A panel of appellate judges working to draw 34 districts for the Missouri Senate will hold a public hearing Friday in Jefferson City.
The six-member Judicial Redistricting Commission will take testimony from 10:30 a.m. to 2 p.m. at the Truman State Office Building. The commission has until mid-April to submit a map to the Secretary of State’s office.
Filing opened Tuesday for the 17 even-numbered districts on this year’s ballot. As of mid-day Wednesday, 31 candidates have filed without assurance that they will live in the district where they are running, or even that the district number will be the same.
The hearing Friday is the new time for a Feb. 17 hearing canceled due to winter weather.

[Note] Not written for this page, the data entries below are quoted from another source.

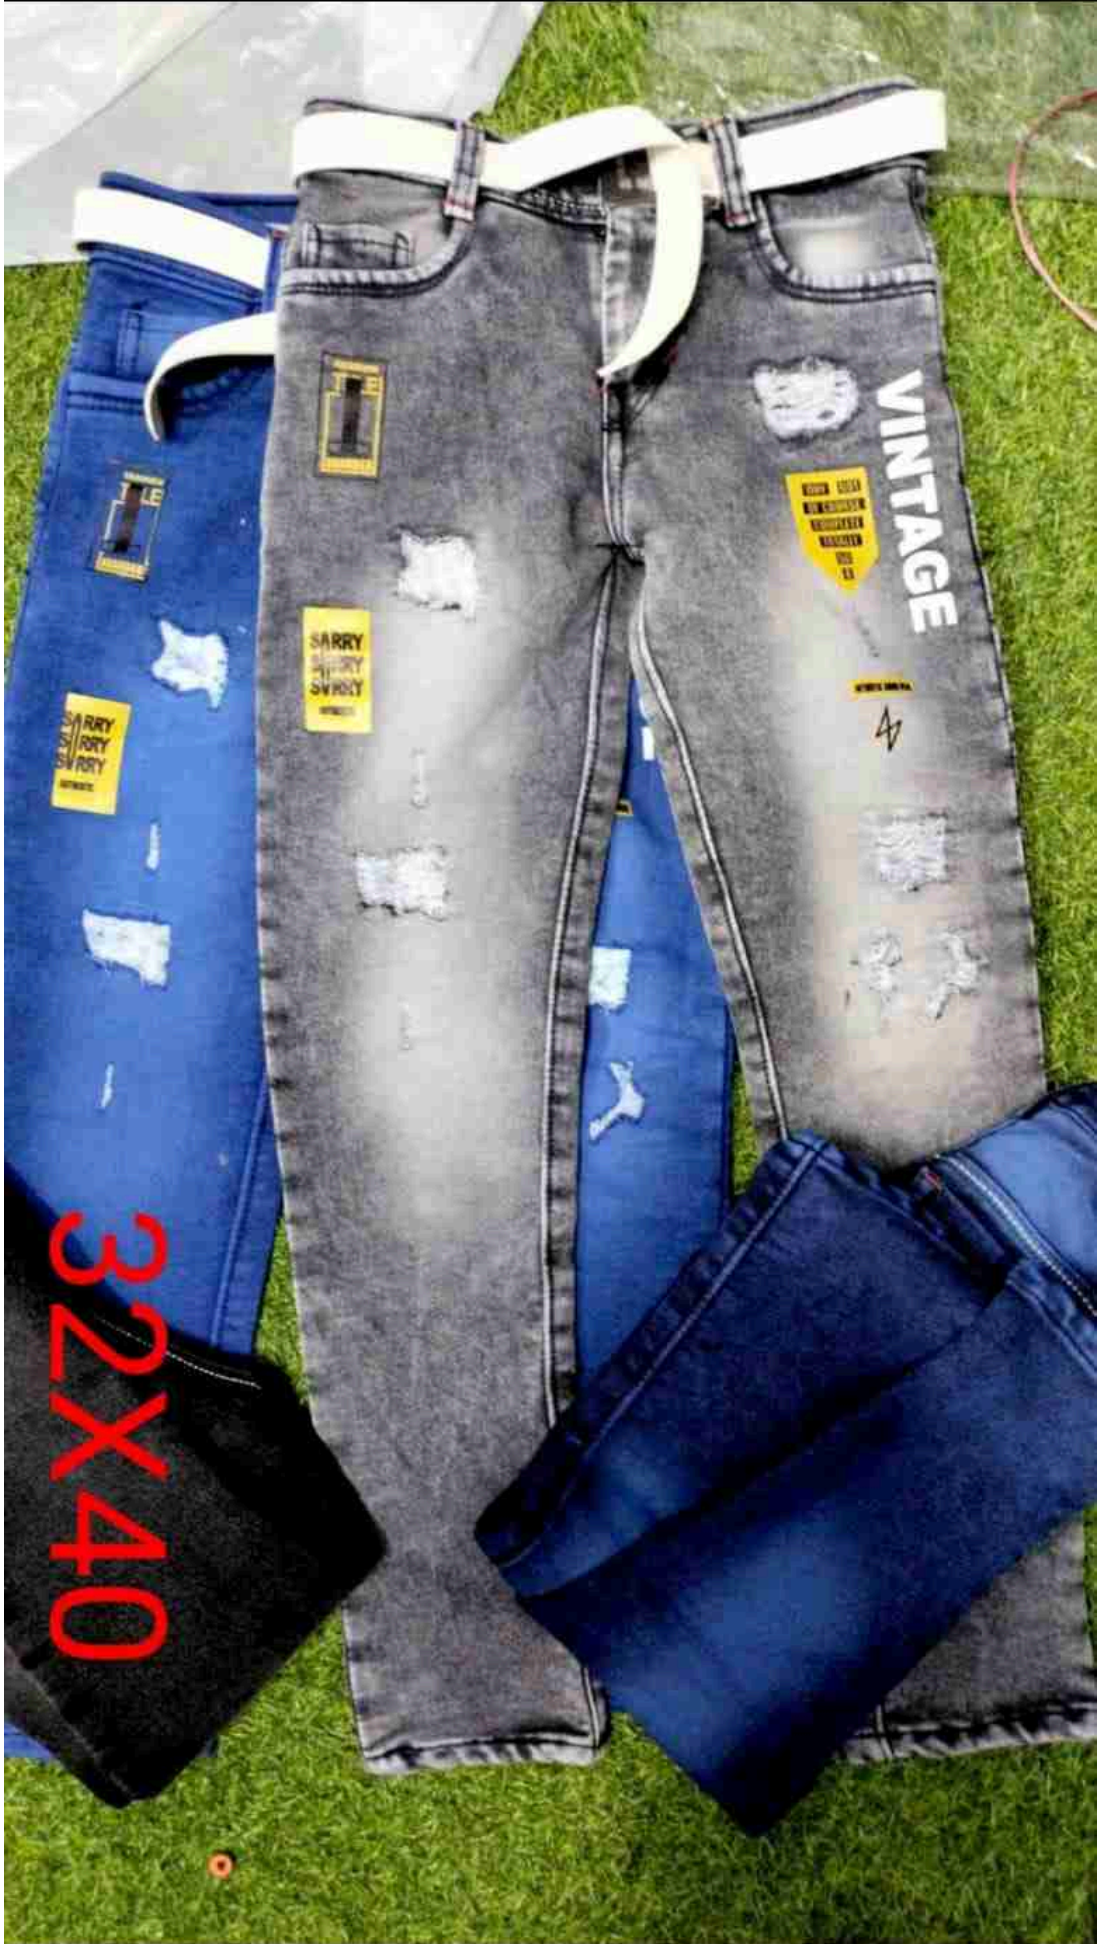

32X40

32X40

48MP AI QUAD CAMERA
Shot by Aakash Verma

26X36

20X30

32X40

22X30

US-99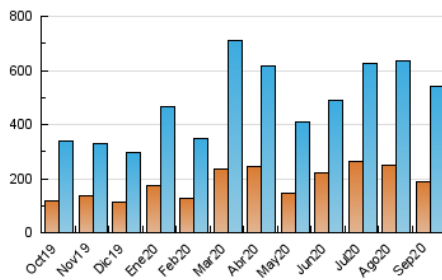

4.3 Per mesos

N. únics / Visites (x 1000)

The Missouri Supreme Court appointed the six judges on Jan. 11 under a constitutional provision that became effective when the Senate Independent Bipartisan Citizens Commission failed to agree on a plan.
The panel is trying to draw 34 districts balanced by population, which both protect minority representation rights and keep communities of interest together. Full districts must be drawn within the boundaries of counties equal to or above the ideal population of 181,026 and any remainder after full districts are designed is paired with territory from adjoining counties.
In the past, counties that have less than enough population for a full district had to be included in their entirety in a Senate district. Provisions enacted in a 2020 constitutional amendment allow those smaller population counties to be split, but no more than once, to achieve balance.
In the past, when judicial commissions took over the job of drawing legislative districts, the panels operated mainly in secret. The Missouri Constitution directs the panel to make a tentative map available for comment, but so far, no plan has been posted online.
In addition to in-person testimony, the judicial commission is taking written comments online.
For Friday’s hearing, the commission is asking people providing testimony to limit their remarks to 10 minutes. Written materials and maps can be submitted ahead of time through the online comments portal.
The commission is chaired by Judge Cynthia Martin of the Western District Court of Appeals, with Judge Gary Lynch of the Southern District Court of Appeals serving as co-chair. The other members are Judges Thomas A. Chapman of the Western District, Michael Gardner and Angela Quigless of the Eastern District Court of Appeals, and Judge Mary Sheffield of the Southern District.